The Germans, who are seen as having the stronger negotiating hand in the wake of a series of cock-ups by the LSE, recognise the value of having a heavyweight British chairman to counter suggestions that the deal is a German takeover rather than a merger of equals in which London's interests will be fully respected.
More contentious is likely to be the share split, with LSE sources saying over the weekend that London wanted a merger of equals structure.
This is in spite of the larger market value of the German Exchange.
Goldman Sachs and Deutsche Bank, which have been grooming the German Exchange for a flotation within the next six weeks, have put a tentative value of 1.5bn euros on the exchange - which includes Eurex, the German futures market - compared with 1bn (£700m) for the LSE.
That Initial Public Offering (IPO) which was due to be approved by the German Exchange's Supervisory Board on 4 May may now have to be shelved or postponed.
Talks between the two sides continued over the Easter weekend and it is believed that a deal is close.
LSE sources yesterday insisted that nothing had been settled. However, it is clear that the big global investment houses who are the prime customers of both exchanges want a deal.
An agreement by the Germans to remove Clearstream, their clearing and settlement operations, from the merger may go some way to redressing the balance on valuation.
However, the Germans are still believed to be insisting on a 60:40 split as fairer to their own shareholders.
The Germans have already won the argument over the technology platform, with Xetra, the Frankfurt system, having been chosen in preference to the much-hated SETS. Frankfurt is also seen as having the edge over trading in technology stocks with its Neuer Market having already established a more serious investor profile than London's hastily concocted alternative, TechMark.
In a separate development, Crest, which handles the settlement for London Stock Exchange-traded shares, is to slash its charges by two-thirds.

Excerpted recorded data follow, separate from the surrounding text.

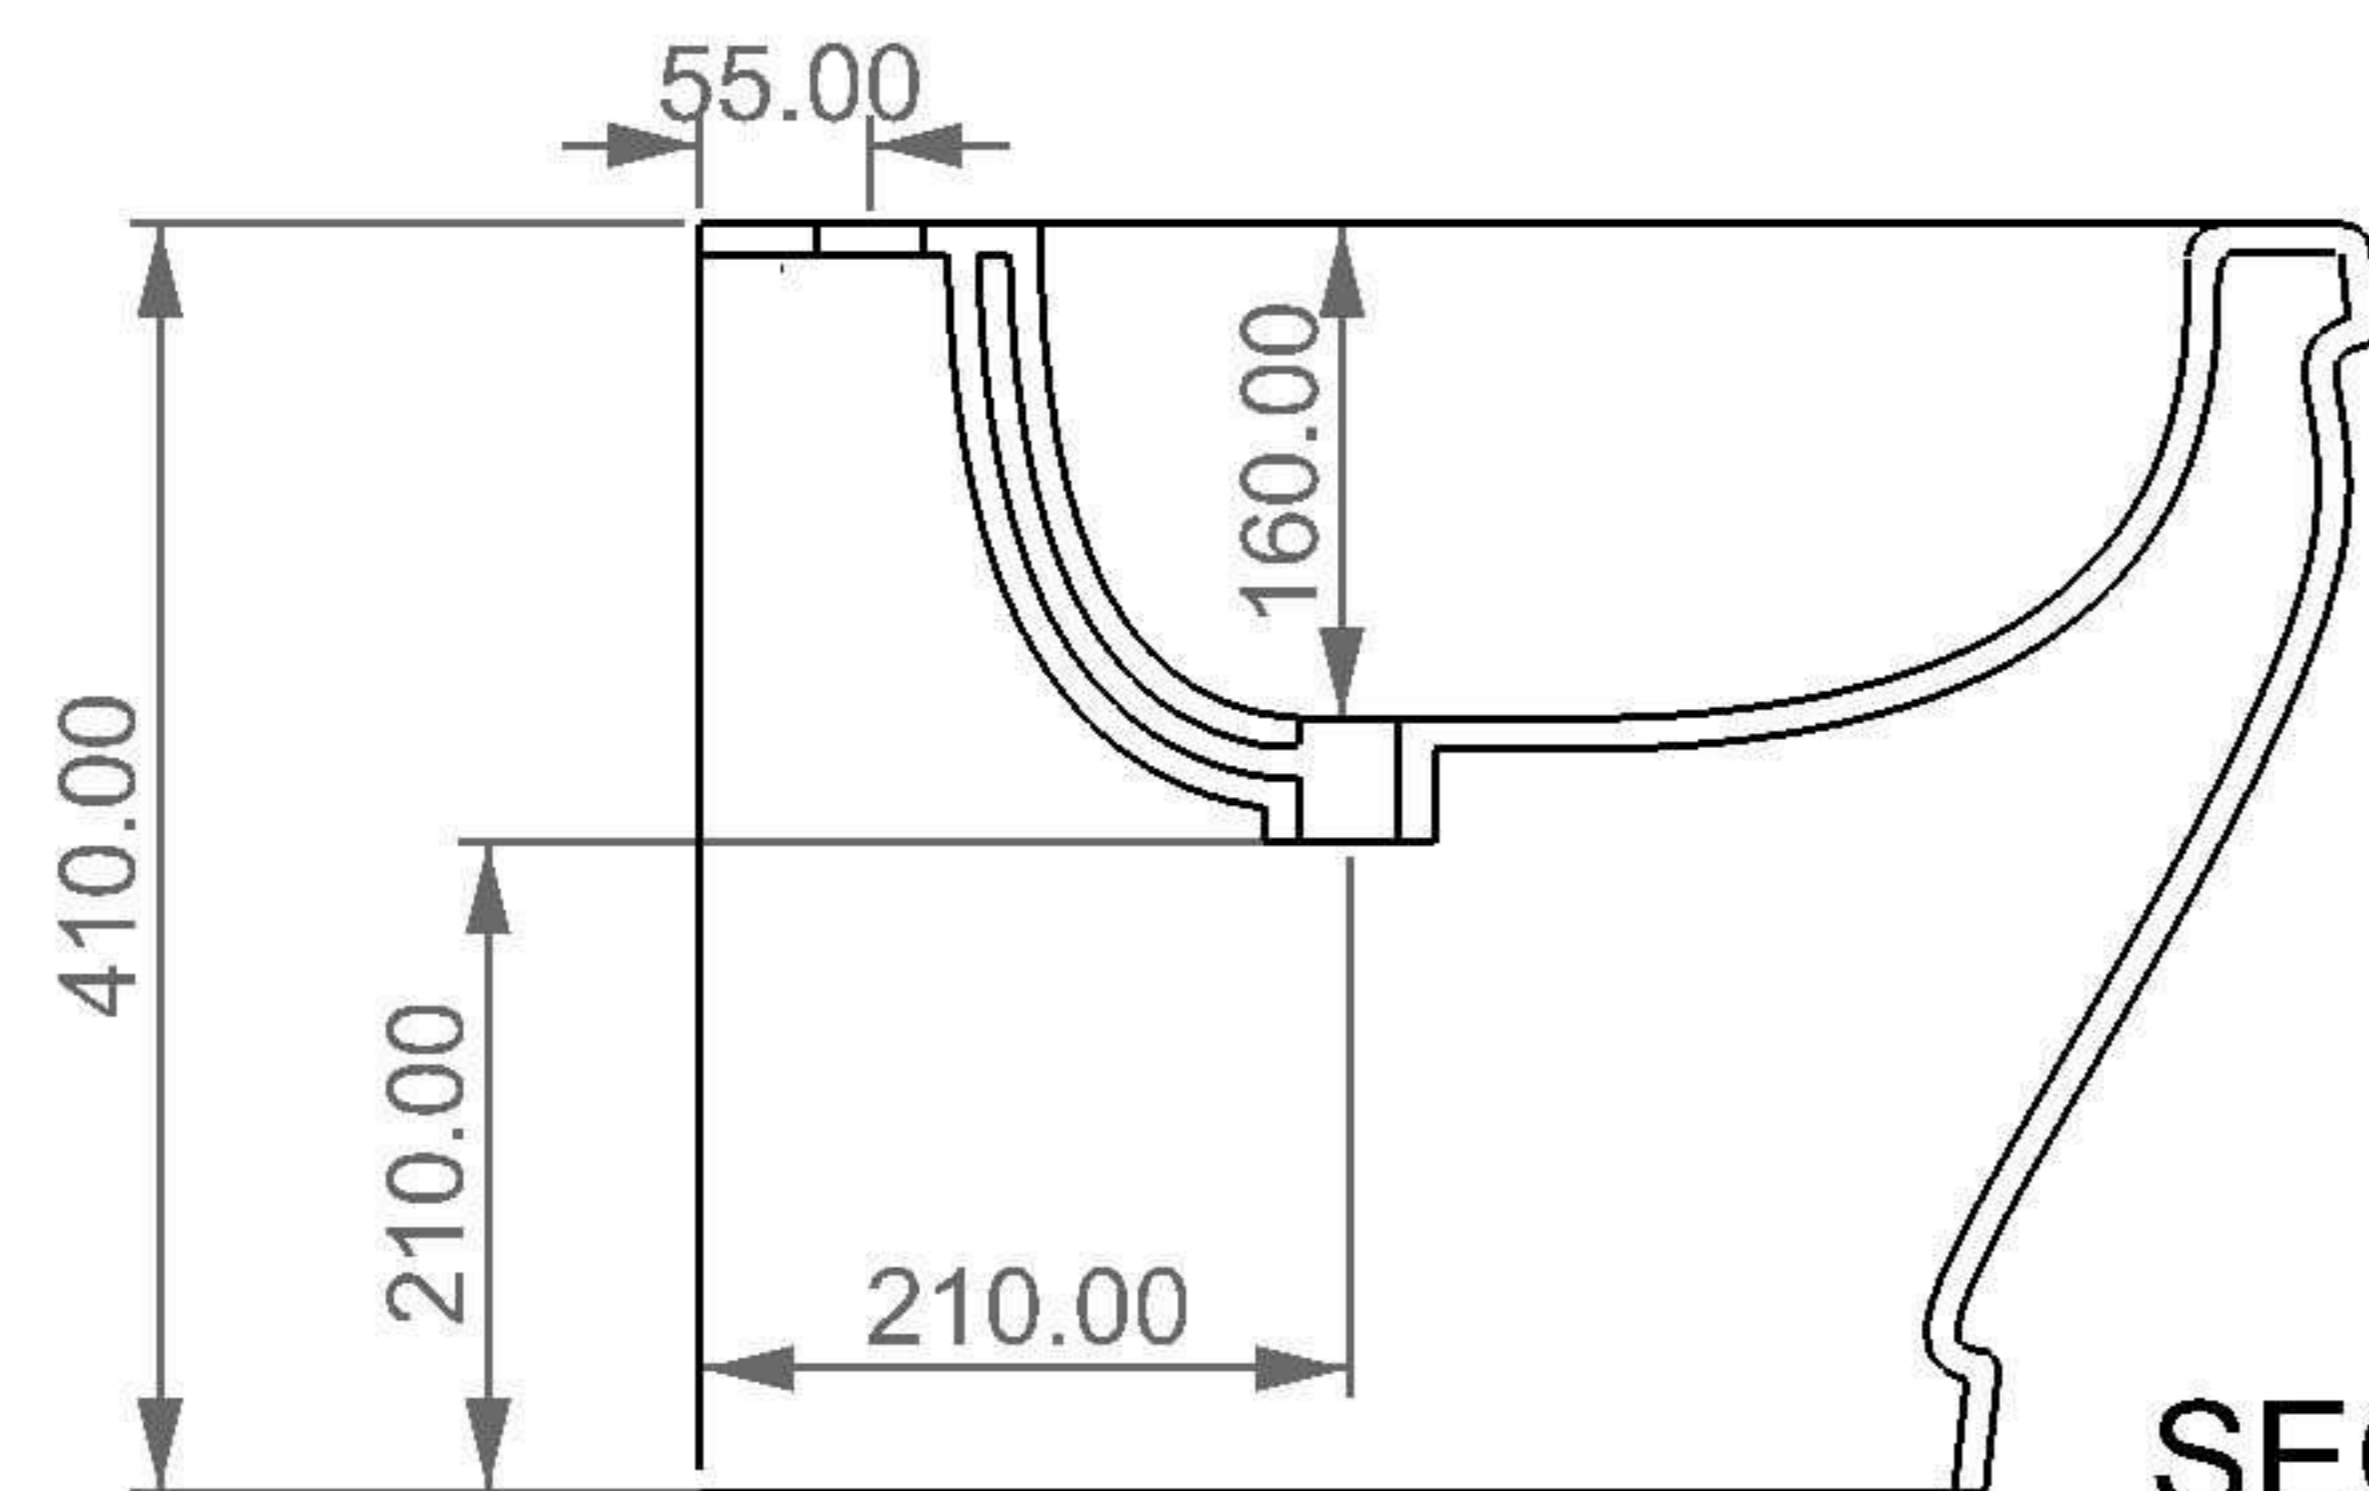

GSG
CERAMIC DESIGN

wc terra TIME
wc back to wall TIME

FRONT

LEFT

TOP

REAR

SECTION

Designation wc terra TIME wc back to wall TIME	
Scale 1:10	This drawing including the respective data may neither be duplicated nor modified nor altered without the consent of GSG Ceramic Design. The use of the data/technical drawings take place at users own risk and under exclusion of any liability of GSG Ceramic Design. The dimensions are not binding; products are subject to changes. Measurement shown may be subjected to small variations or are indicative.
cod. TIWC01	

GSG
CERAMIC DESIGN

bidet terra TIME
bidet back to wall TIME

FRONT

LEFT

TOP

REAR

SECTION

Designation	
bidet terra TIME bidet back to wall TIME	
Scale	This drawing including the respective data may neither be duplicated nor modified nor altered without the consent of GSG Ceramic Design. The use of the data/technical drawings take place at users own risk and under exclusion of any liability of GSG Ceramic Design. The dimensions are not binding; products are subject to changes. Measurement shown may be subjected to small variations or are indicative.
1:10	
cod. TIBI01	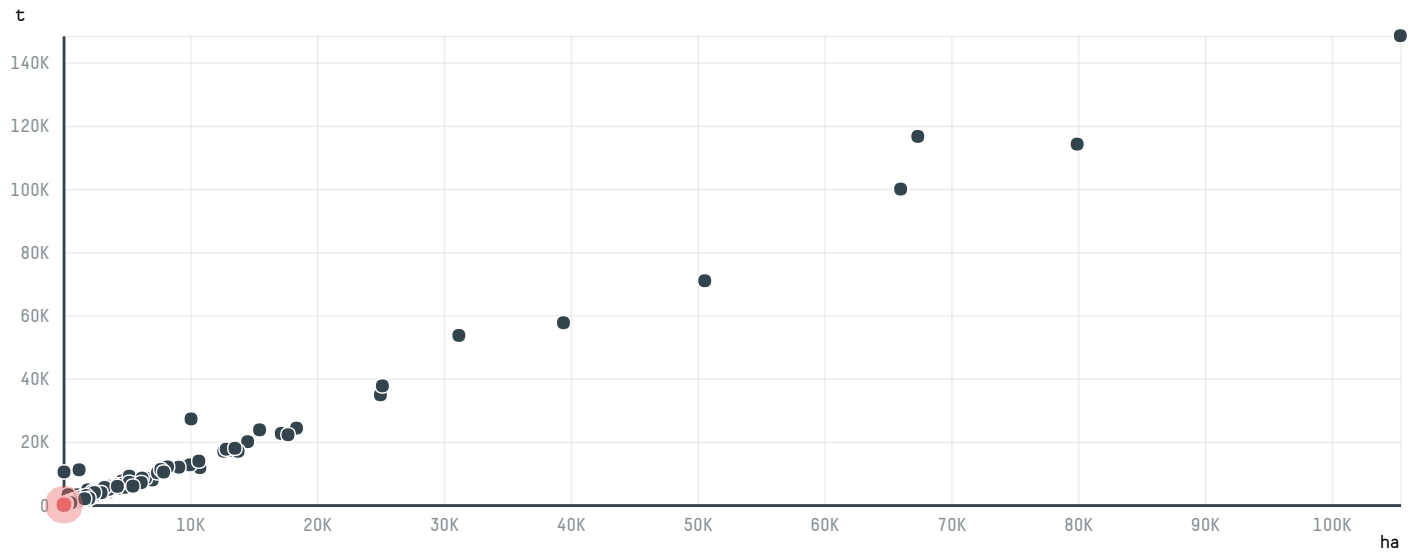

COMPARING COMPANIES IMPORTING COFFEE FROM BRAZIL IN 2015

Trase is a partnership between

In collaboration with

and many other organizations and individuals.

Donors

[Terms of Use](#) · [Privacy policy](#) · [Cookie policy](#) · [Contact us](#)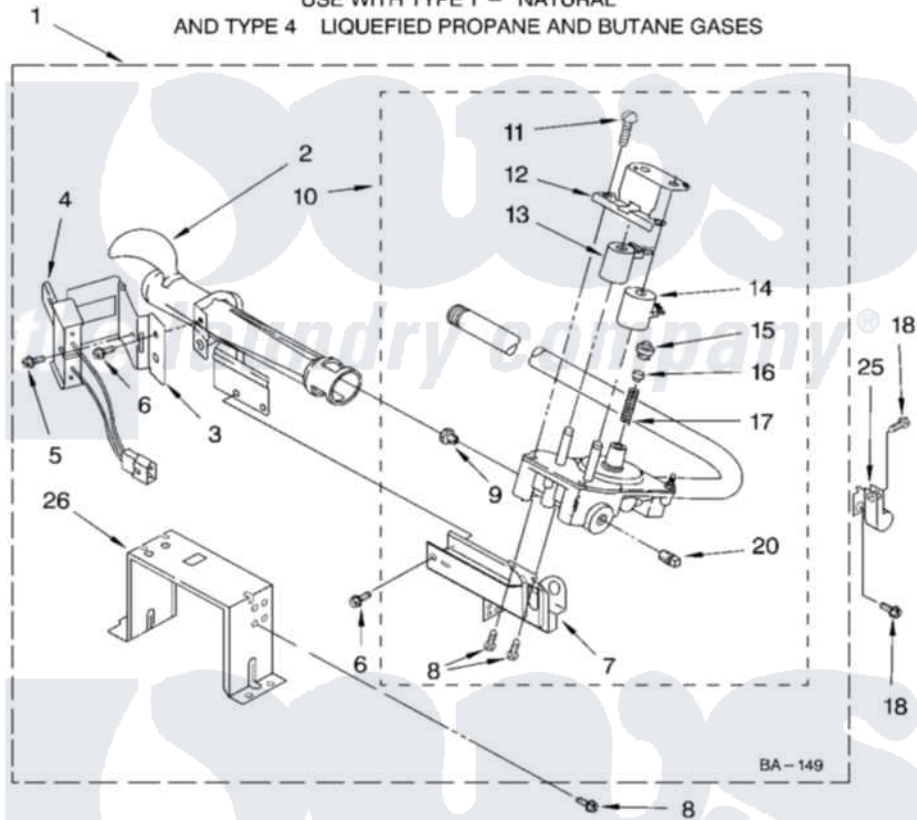

# Whirlpool GGQ8821LW1 04 - 8318276 BURNER ASSEMBLY

## 8318276 BURNER ASSEMBLY

For Models: GGQ8821LW1, GGQ8821LL1  
(White/Grey) (Pewter)

USE WITH TYPE 1 - NATURAL  
AND TYPE 4 LIQUEFIED PROPANE AND BUTANE GASES

8180011

7

Whirlpool [Residential Whirlpool GGQ8821LW1 Dryer Parts](#) Parts Diagram 04 - 8318276 BURNER ASSEMBLY  
Click on the part number to view part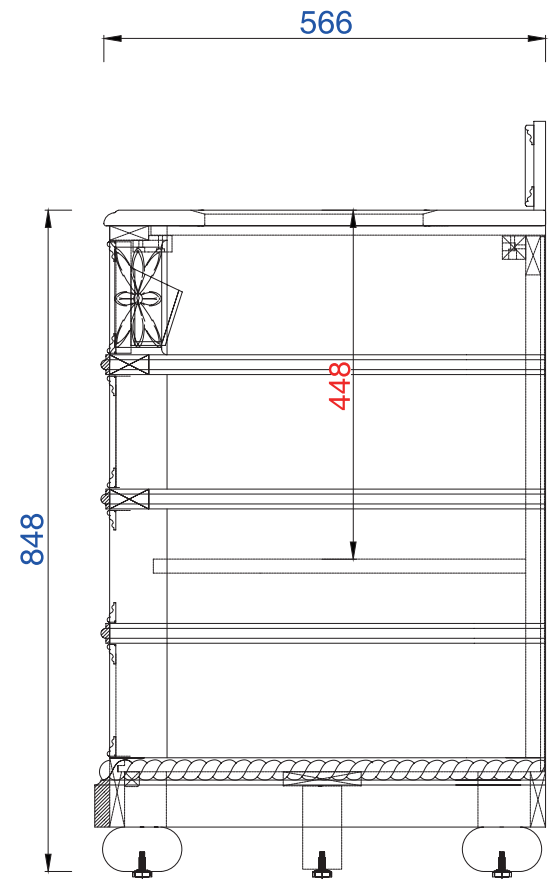

1804mm

Item Number:

202-V71-ENB-GB

JAMES MARTIN

VANITIES™

Regent 1804mm Cabinet

Diagrams with Dimensions  
page 01 of 03

NOTE ONE: Married Countertop is standard for this cabinet

NOTE TWO: Wood Backsplash (Shown) is designed for the molding detail to align with sinks in James Martin's Optional Countertops.

Version: 201906

1804mm

Item Number:

202-V71-ENB-GB

JAMES MARTIN

VANITIES™

Regent 1804mm Cabinet

Diagrams with Dimensions  
page 02 of 03

NOTE ONE: Married Countertop is standard for this cabinet

NOTE TWO: Internal Shelves (Shown) are designed to align with sinks in James Martin's Optional Countertops.

Version: 201906

1804mm

Item Number:

202-V71-ENB-GB

JAMES MARTIN

VANITIES™

Regent 1804mm Cabinet

Diagrams with Dimensions  
page 03 of 03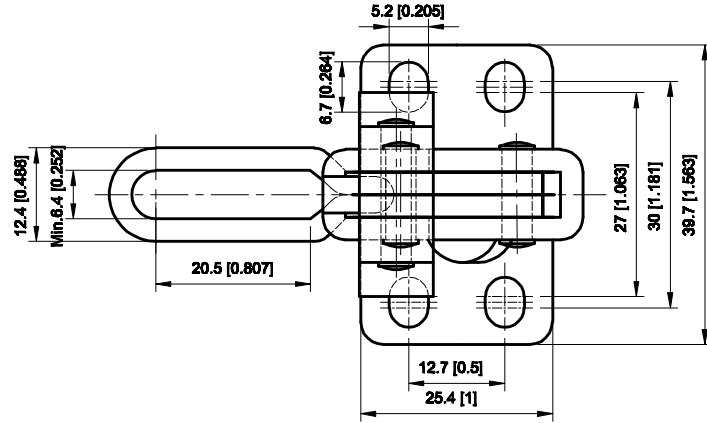

PART NUMBER: CH-12050-U

BAR OPENS:100°  
HANDLE OPENS:60°  
SPINDLE SUPPLIED:CH-FC-14134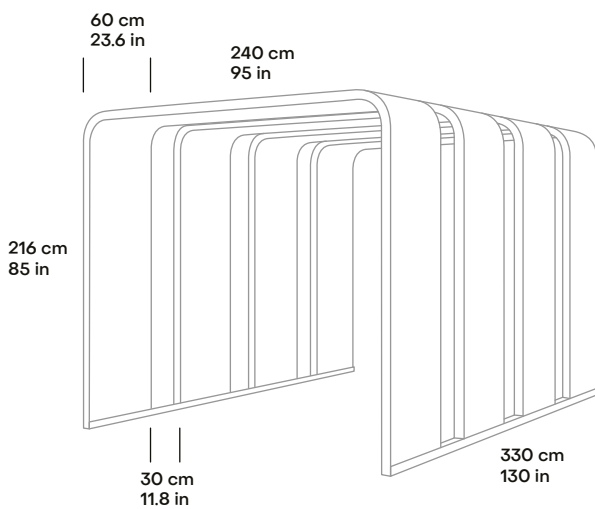

Technical specification

SIZE AND SETUP	240 x 240 cm / 95 x 95 in 3 arches with 30 cm / 12 in gap	280 x 240 cm / 95 x 95 in 3 arches with 30 cm / 12 in gap
	240 x 330 cm / 95 x 130 in 4 arches with 30 cm / 12 in gap	280 x 330 cm / 95 x 130 in 4 arches with 30 cm / 12 in gap
	240 x 330 cm / 95 x 130 in 5 arches with 7,5 cm / 3 in gap	280 x 330 cm / 95 x 130 in 5 arches with 7,5 cm / 3 in gap
LIGHTING	4000K LED light strip in each arch	
SCREEN BRACKET	VESA 100x100 and 200x200 mounting with power outlet for screen	

Silen Bridges Portal with 3 arches (L2400)

Silen Bridges Portal with 3 arches (L2800)

Silen Bridges Portal with 4 arches (L2400)

Silen Bridges Portal with 4 arches (L2800)

Silen Bridges Portal with 5 arches (L2400)

The reductions are likely to be backdated to January and save investors as much as £20m a year.
The move comes as competition between the clearing houses hots up.
Earlier this month, the London Clearing House, which handles clearing for derivatives and commodities trade in London, announced a ground-breaking deal with the French-led Euronext grouping which will enable it to move increasingly into cash clearing, traditionally, in London at least, Crest's preserve.